Jesse and Samuel Coffee -- Brothers Who Served

I found a beautiful document on Ancestry.com/'s database: U.S., Civil War Draft Registrations Records, 1863-1865. Beautiful in that it is crystal clear. A nice scan of a 150+ year old record. I do not know when it was prepared, or from how many transcriptions it was gathered. But I am happy to see a clear military record of two of my second great-grand uncles. Meet Sam Coffee and Jesse Coffee, on lines 9 and 10 of these two pages:

Jesse Coffee served with the 2nd Regiment, Missouri Infantry, Confederate States Army. Also called Burbridge's Infantry Regiment. He discharged as a sergeant. I'm glad to learn he made it out alive, and could return to his property in Morgan County, Missouri:  http://www.rootsweb.ancestry.com/~momorgan/patents/42-17/26.html

Samuel Coffee enlisted January 21, 1862 at Camp Price, saw battle at Elk Horn, Arkansas. Left sick at Duvall's Bluff, Arkansas. Months ago I posted many images from his war record, as he too fought with the 2nd Missouri Infantry. See the sixth person in my earlier post: http://treepig.posthaven.com/a-few-csa-records

Sam Coffee also saw battle at:

          Oct. 4, 1862 at Corinth, Mississippi;  http://www.corinthcivilwar.com/history.htm
          Oct. 8, 1862 at Perryville, Kentucky; http://www.perryvillebattlefield.org/
          June 18, 1864 (no place listed), and
          Nov. 30, 1864 at Franklin, Tennessee. http://www.civilwar.org/battlefields/franklin/maps/franklin-animated-map/

While his record doesn't mention the location of the June 1864 skirmish, there are several from which to choose in this list of Civil War battles: https://en.wikipedia.org/wiki/List_of_American_Civil_War_battles 

On a side note, my husband's cousin, Chuck Eades, a former Williamson County Commissioner living near Nashville, was one of several who championed the preservation of the Tennessee battlefield where Sam once fought in 1864. A local newspaper's headline in 2001 reads: "Battle rages over library's relocation." Mr. Eades is quoted: "We don't need any new construction on any battlefield. There has been too much blood shed there." The dispute continued for months. Several articles collected at this site are prefaced by: "Find out where the real Second Battle of Franklin will soon be fought."  http://americancivilwar.50megs.com/CWPres03.html

Do you have family from Missouri who fought in the Civil War?  https://familysearch.org/search/collection/1932374  Or from another state? https://familysearch.org/learn/wiki/en/United_States_Civil_War,_1861_to_1865

Jesse and Samuel were the eldest sons of Rolly and Alea Coffee from Montgomery County, Kentucky. Some time after 1854 the Coffees and their ten children moved to Morgan County, Missouri. While Jesse appears to have married and stayed in the area, Sam and wife, Harriet, moved to Texas after 1870. The Missouri-Kansas-Texas railroad (known as the "Katy") soon made travel easier between Missouri and northern Texas, as several of their "kin" also moved south. For example, my great-granddad John Coffee was born in Sherman, Texas in 1875, but raised in Missouri. He later returned to the Texas/Oklahoma border. Cousins went south, and then returned to Missouri to live "a spell." The railroad was a certainly a boon to migration.

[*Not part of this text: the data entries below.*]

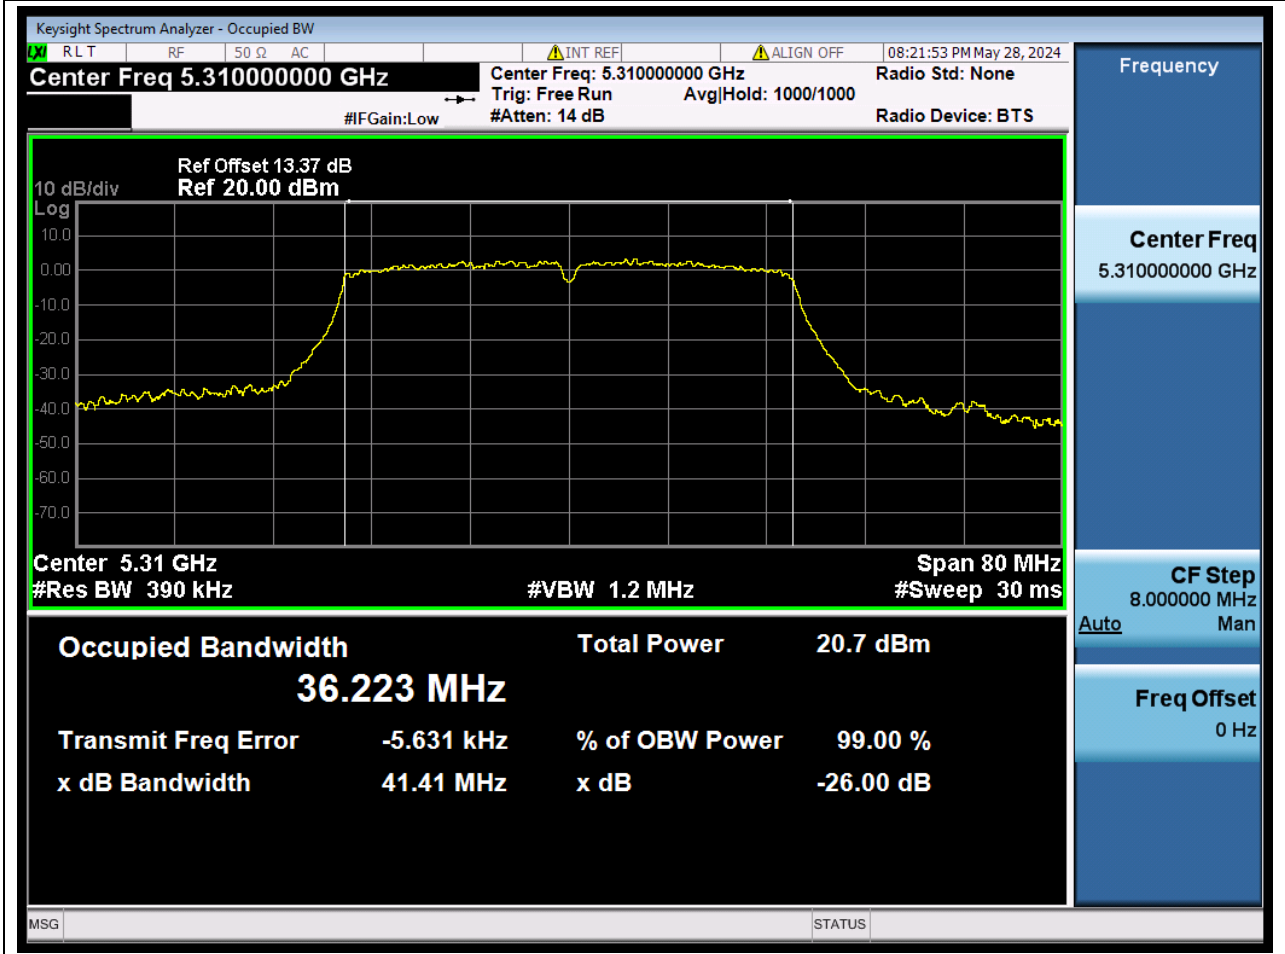

27. 802.11ac_40M_U-NII-2A_H

27.1. A.2-26dB Bandwidth(NTNV)

Center Frequency (MHz)	XdB Down	RBW (MHz)	Detector	Limit (MHz)	XdB BandWidth (MHz)	Verdict
5310	26	0.39	Peak	0	41.414598	N/A
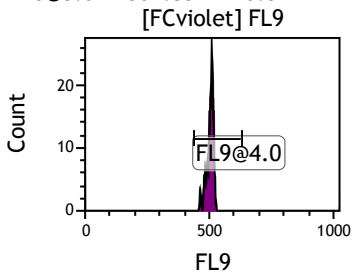

Gate	X-AMean	HP	X-CV
All	448.46	0.55	
FCblue@2.0	711.29	0.54	
FCred	233.03	0.55	
FCviolet	83.33	2.02	

Gate	X-AMean	HP	X-CV
All	491.63	1.02	
FL1@2.0	491.00	1.02	

Gate	X-AMean	HP	X-CV
All	498.40	1.26	
FL2@2.0	497.85	1.26	

Gate	X-AMean	HP	X-CV
All	501.93	1.59	
FL3@2.0	501.30	1.59	

Gate	X-AMean	HP	X-CV
All	498.01	1.36	
FL4@2.0	497.39	1.36	

Gate	X-AMean	HP	X-CV
All	502.15	1.01	
FL5@2.5	501.52	1.01	

Gate	X-AMean	HP	X-CV
All	504.69	0.67	
FL6@3.0	507.85	0.67	

Gate	X-AMean	HP	X-CV
All	518.37	0.97	
FL7@3.0	521.62	0.97	

Gate	X-AMean	HP	X-CV
All	524.01	1.12	
FL8@3.0	527.29	1.12	

Gate	X-AMean	HP	X-CV
All	499.72	1.17	
FL9@4.0	503.02	1.17	

Gate	X-AMean	HP	X-CV
All	471.06	1.07	
FL10@4.0	473.23	1.07	
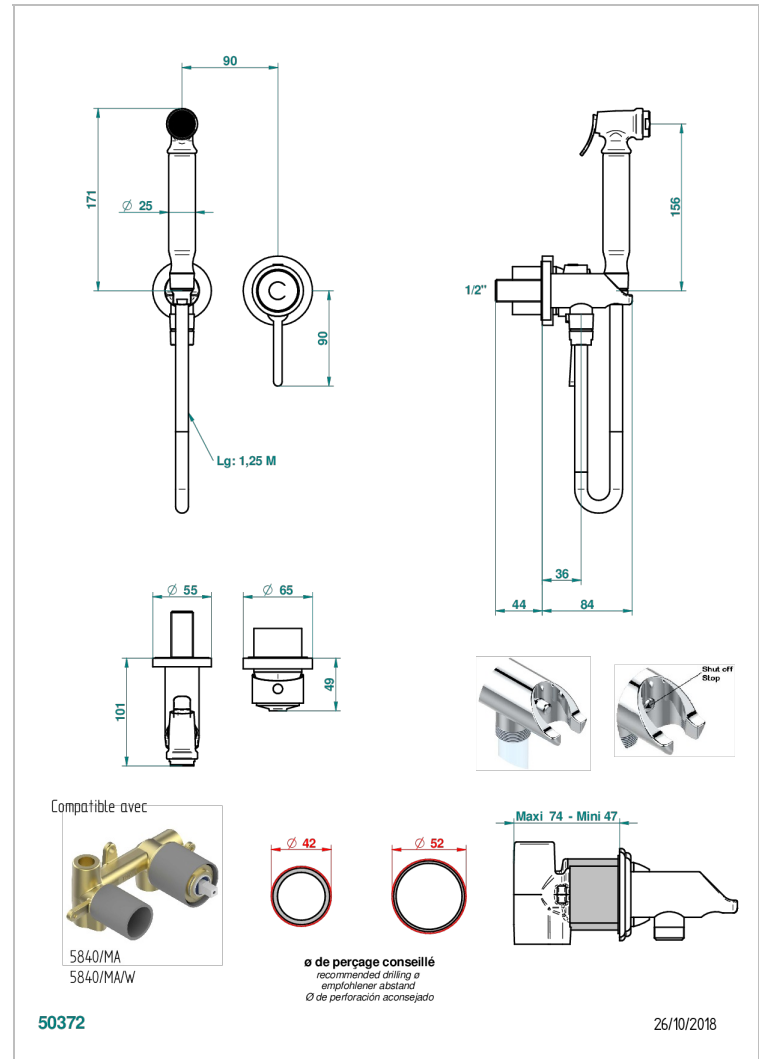

SPIRIT С РУКОЯТКАМИ

G58-5840/MBG

THG
PARIS

Комплект для душа, включающий смеситель, армированный шланг 1 м 25 см, ручной душ с курковым распылителем, выход из стены и предохранительный запорный клапан

ХАРАКТЕРИСТИКИ

- Spirit с ручьятками
- Комплект для душа, включающий смеситель, армированный шланг 1 м 25 см, ручной душ с курковым распылителем, выход из стены и предохранительный запорный клапан

ТЕХНИЧЕСКИЕ ХАРАКТЕРИСТИКИ

- Recommandé : 3 bars (max. 5 bars) - Advised : 43,5 psi (max. 72 psi)
- 9,5 l/min à 3 bars (2.5 gpm at 43.5 psi)

СВЯЗАННЫЕ ТОВАРНЫЕ ПОЗИЦИИ

- Ref. G00-5840/MA Внутренняя часть для гигиенического душа со смесителем, усил. шлангом и лейкой с клапаном

Jesse's tombstone indicates he died in 1899 at age 65. He's buried in Versailles, Missouri. I have yet to locate Samuel's burial place or a death date, His widow Harriet remarried shortly before the 1880 Federal Census shows her living with Mr. George Small in Grayson County, Texas with several of her seven children fathered by Sam:  James R. Coffee, Joseph M. Coffee, Thomas Jefferson Coffee, Matilda Ann Coffee, Mary Coffee, Nettie Jane Coffee, and Samuel P. Coffee.  Some of these children later moved over the border into Indian Territory, and made their homes.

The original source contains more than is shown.